- Task to complete: Below are the records. Retype exactly the lines between the lines holding "6a P-R Ouest" and "7 St-Avé Le", inclusive.

- Records shown:
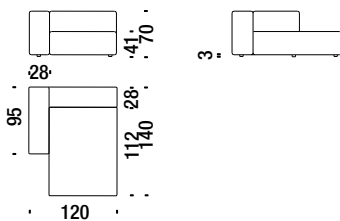

Chaise Longue lateral left 120

Chaise Longue latérale gauche 120

336

7,1 mt. 13,7 m² 1,1 m³ 55 Kg
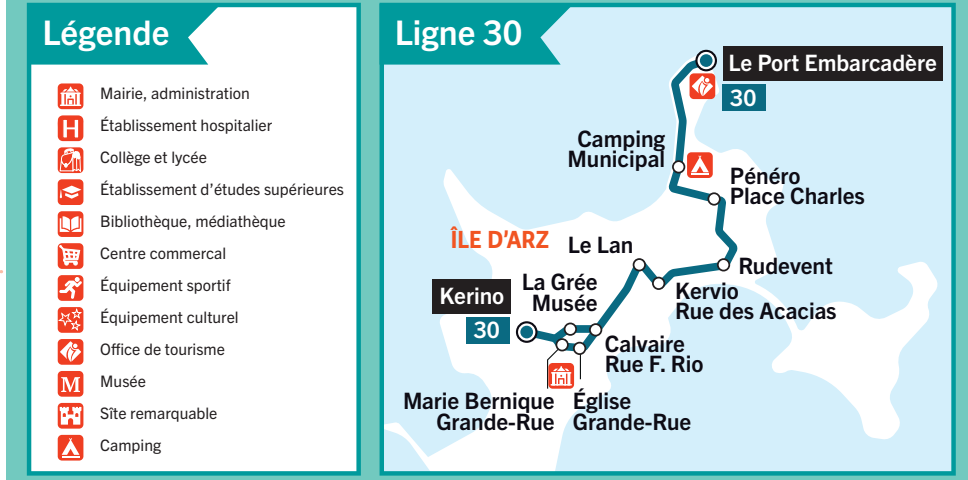

Créacéo, le transport à la demande

CRÉACÉO POUR VOYAGER ENTRE 9H ET 16H DU LUNDI AU VENDREDI ENTRE 9H ET 18H LE SAMEDI

Renseignements et réservations par téléphone au 02 97 01 22 88 de 8h à 17h du lundi au vendredi de 8h à 12h30 le samedi Jusqu'à la veille pour un déplacement le lendemain matin ou jusqu'à 11h le jour-même pour un déplacement l'après-midi.

- Arrêt Créacéo
- ⊗ Point de correspondance Créacéo / Réseau Kicéo

Index des Lignes

Lignes urbaines	Lignes périurbaines
1 Clinique Océane - Kerniol - Cliscouët - Cassard	20 Elven - Saint-Nolfff Kerboulard - Vannes
2 P-R Ouest - Madeleine - République - PIBS 2 - Perrit Tohannic - Kersec	21 Ploegoumelen - Le Bono - Baden - Vannes
3 Kersec - Poullanc - Delestraint - République - Sq. Morbihan - Conleau	22 Sarzeau - Surzur - Theix-Noyal - Vannes
4 Meucou - St-Avé Paré - Gare SNCF Nord - République - Arradon Médiathèque	23 Larmor-Baden - Baden Port-Blanc - Arradon Le Moustoir - Vannes
5 Parissot - République - Quais de Séné	24 Port Navalo - Arzon - Sarzeau - Vannes
6a P-R Ouest - République - Gare SNCF Sud - PIBS 2 - IUT - P-R Ouest	25 Grand-Champ - Vannes
6b P-R Ouest - IUT - PIBS 2 - Gare SNCF Sud - République - P-R Ouest	26 Theix-Noyal - Sarzeau
7 St-Avé Le Poteau - République - Séné Ajoncs - Séné Bellevue	27 Grand-Champ - Locmaria-Grand-Champ - Ile d'Arz
8 Plescop - Vannes - St-Nolfff	
10 Theix-Noyal - Vannes	
11 Ploegoumelen - Ploeren - Vannes	
12 Hôpital - Le Port - République - Gare SNCF Sud - Maisons du Lac	
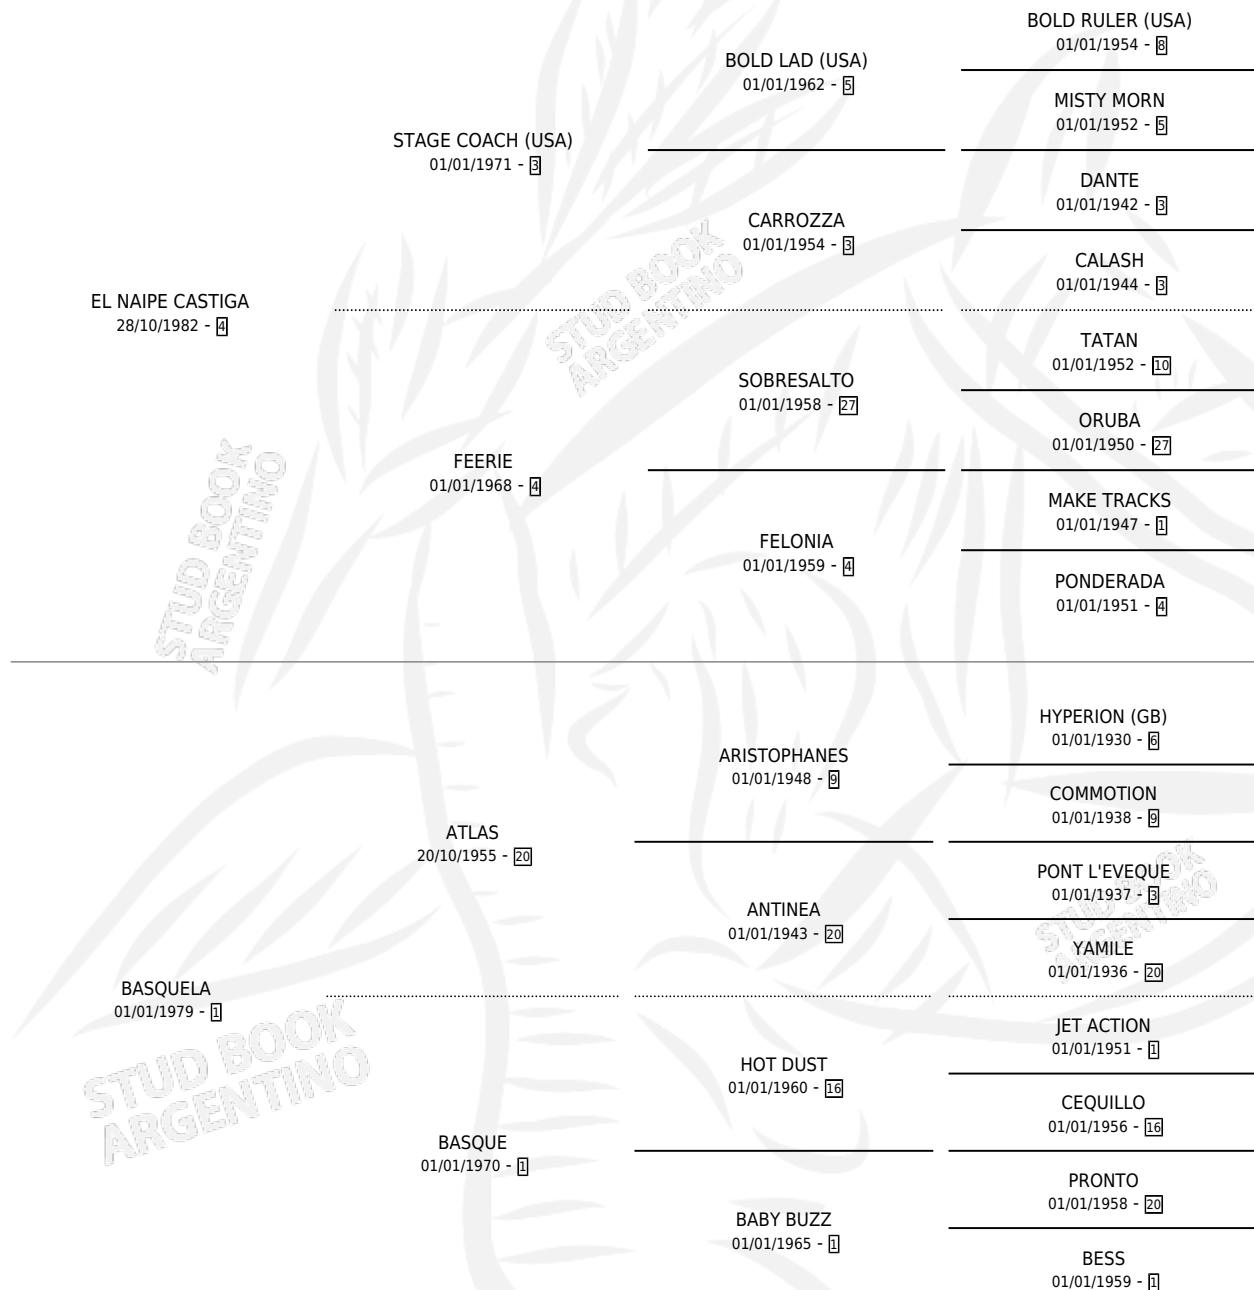

NAIPE WHITE BAS

por EL NAIPE CASTIGA y BASQUELA por ATLAS

Argentina · Hembra · Zaino Doradillo · SP · 01/09/1994
Familia 1-t · Volumen 35

ESTADO

TIPIFICACIÓN SANGUÍNEA	X
TIPIFICACIÓN POR ADN	X
PASAPORTE	X
IDENTIFICACIÓN POR MICROCHIP	X
REPRODUCTOR	✓

Lugar de nacimiento: El Casal

Criador: Sin dato

PEDIGREE

CAMPAÑA

Solo carreras oficiales de Argentina

POR EDAD

EDAD	CC	1°	2°	3°	4°	5°	NP	CLC	CLG	CLCG1	CLGG1	IMPORTE	GANANCIA / CC
3 AÑOS	2	0	0	0	0	0	2	0	0	0	0	\$0	\$0
TOTALES	2	0	0	0	0	0	2	0	0	0	0	\$0	\$0
%		0.0%	0.0%	0.0%	0.0%	0.0%	100%	0.0%	0.0%	0.0%	0.0%		
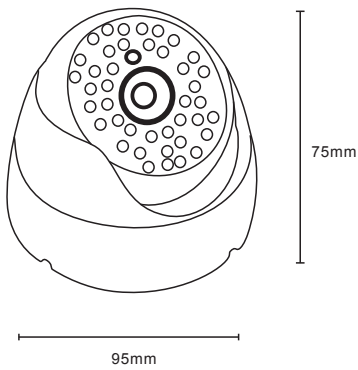

TRA-8101 HD

720P SERİSİ

1 Megapiksel Dome AHD Kamera

Özellikleri

- * AHD Dome Kamera
- * Aptina Cmos AR0141
- * 1280H x 800V 1 megapiksel
- * 2D DNR, 3D DNR
- * 3.6 mm / 6 mm Opsiyonel

Boyutları (mm)

Teknik Özellikleri
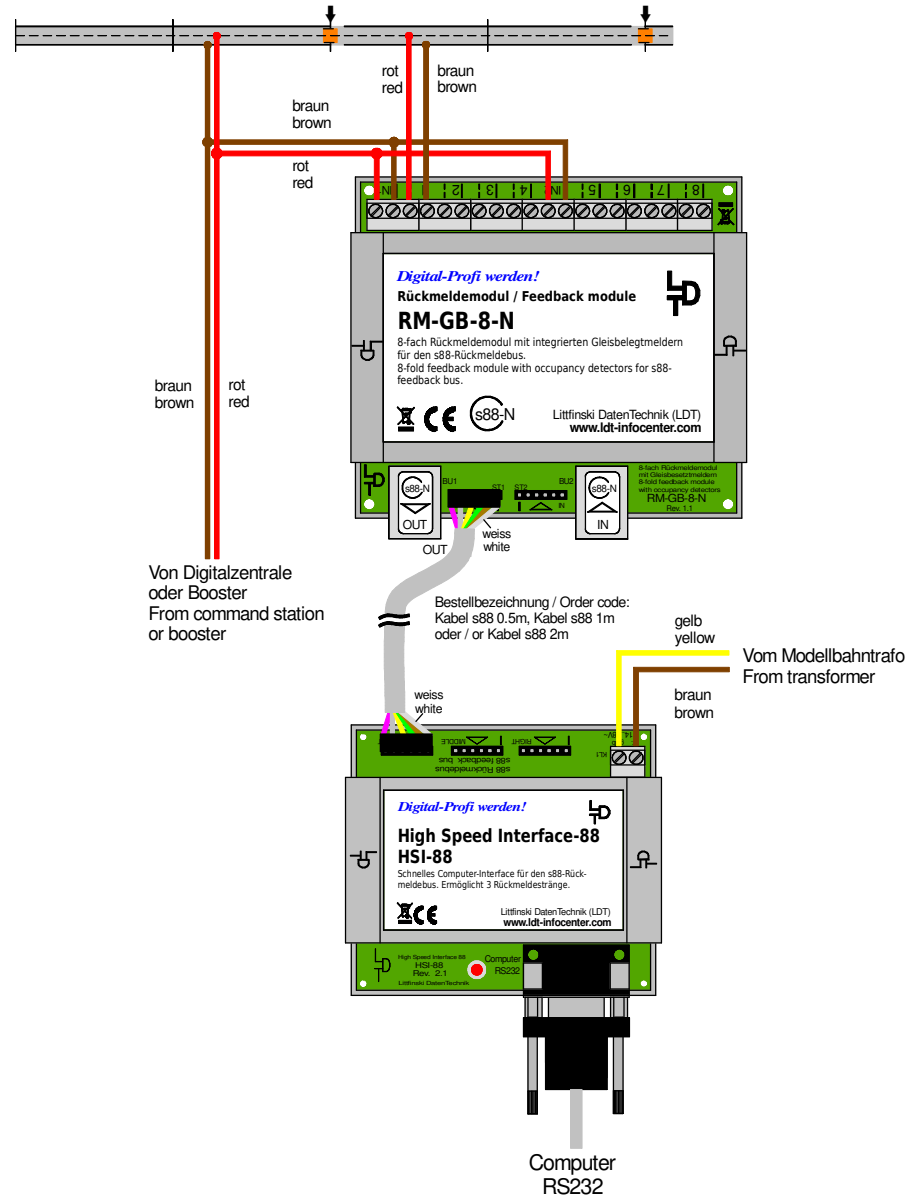

Gleisabschnitt überwachen mit komplett isoliertem Gleis / s88-Standardkabel Track section monitoring with total isolated track / s88 standard cable

Technische Änderungen und Irrtum vorbehalten.
 Subject to technical changes and errors.
 © 04/2020 by LDT
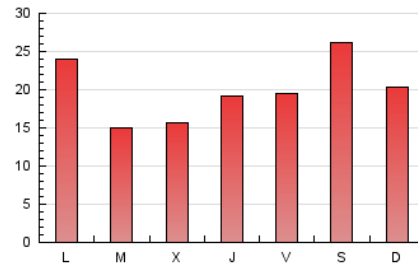

Pàgines (x 100)
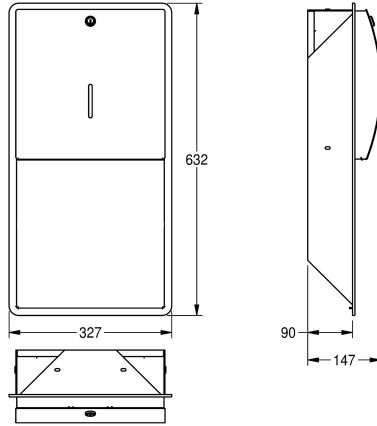

### KWC-Nr.

**2000057207**

Abmessungen 327 x 632 x 147 mm (B x H x T)

Papierhandtuchspender, für Unterputzmontage, Chromnickelstahl, Oberfläche seidenmatt, Materialstärke 1,5 mm, gebogene Front mit InoxPlus Oberflächenveredelung zur Reduzierung von Fingerabdrücken und besseren Reinigungseigenschaft (easy to clean), mit Sichtfenster, Zylinderschloss mit KWC Einheitschlüssel,

Fassungsvermögen 300 - 400 Stück bei Papier mit Z-Faltung, inklusive Edelstahlschrauben und Dübel.

Abmessungen 327 x 632 x 147 mm (B x H x T)

400
Handtücher
Zylinderschloss
Edelstahl
1.4301 Chromnickelstahl V2A
1,5 mm
147 mm
632 mm
327 mm
seidenmatt
InoxPlus (antifingerprint)
Papierhandtuch
geschraubt
Unterputzmontage
manueller Betrieb

- Result:
6a P-R Ouest - République - Gare SNCF Sud - PIBS 2 - IUT - P-R Ouest	25 Grand-Champ - Vannes
6b P-R Ouest - IUT - PIBS 2 - Gare SNCF Sud - République - P-R Ouest	26 Theix-Noyal - Sarzeau
7 St-Avé Le Poteau - République - Séné Ajoncs - Séné Bellevue	27 Grand-Champ - Locmaria-Grand-Champ - Ile d'Arz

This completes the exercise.